*** Begin section ***
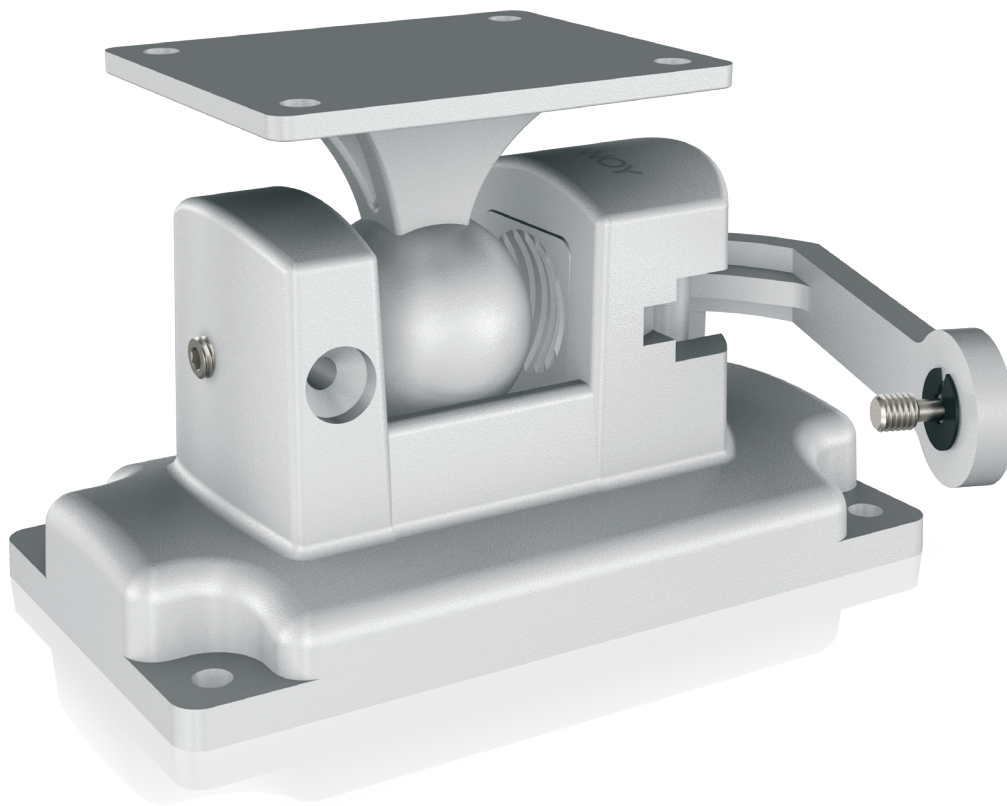

Accessories

VARIBALL BRACKET

AMS 6/8-WH

VariBall Multi-Angle Accessory Bracket for
AMS 6 and AMS 8 Loudspeakers (White)
*** End section ***
| Exercise directions |
In the records above, retype exactly the lines from the one with "VARIBALL BRACKET" through the last one.

| Task result |
VARIBALL BRACKET

AMS 6/8-WH

VariBall Multi-Angle Accessory Bracket for
AMS 6 and AMS 8 Loudspeakers (White)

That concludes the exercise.